→ **DIRECTIONS FOR THIS TASK**: In the records below, work out how many lines hold the word "Coated". Report the number alone.

→ **DATASET EXCERPTS**:
··········

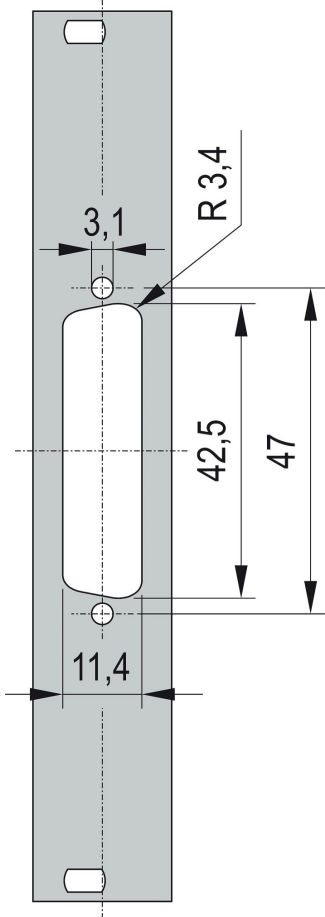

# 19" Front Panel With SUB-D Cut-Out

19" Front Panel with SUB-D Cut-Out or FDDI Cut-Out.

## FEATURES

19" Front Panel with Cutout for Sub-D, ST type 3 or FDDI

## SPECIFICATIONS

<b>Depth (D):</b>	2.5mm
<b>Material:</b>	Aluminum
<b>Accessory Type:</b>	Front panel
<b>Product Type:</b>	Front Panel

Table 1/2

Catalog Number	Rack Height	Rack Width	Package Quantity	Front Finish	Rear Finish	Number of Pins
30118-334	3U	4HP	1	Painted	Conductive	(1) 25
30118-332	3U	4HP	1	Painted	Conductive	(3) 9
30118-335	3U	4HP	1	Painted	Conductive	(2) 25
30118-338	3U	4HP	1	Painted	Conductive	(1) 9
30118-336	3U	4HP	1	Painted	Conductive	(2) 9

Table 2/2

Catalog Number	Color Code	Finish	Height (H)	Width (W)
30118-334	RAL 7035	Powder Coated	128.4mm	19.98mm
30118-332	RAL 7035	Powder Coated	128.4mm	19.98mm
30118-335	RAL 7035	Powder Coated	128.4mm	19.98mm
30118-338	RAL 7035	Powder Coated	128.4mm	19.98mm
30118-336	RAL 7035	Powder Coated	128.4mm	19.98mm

··········

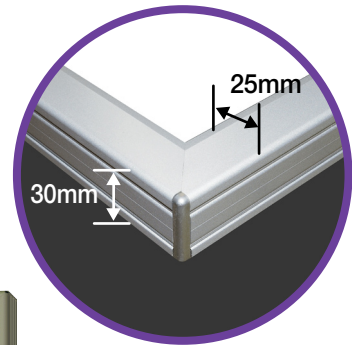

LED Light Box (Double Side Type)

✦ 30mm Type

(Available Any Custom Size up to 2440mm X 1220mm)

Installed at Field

··········

→ **EXERCISE SOLUTION**: 5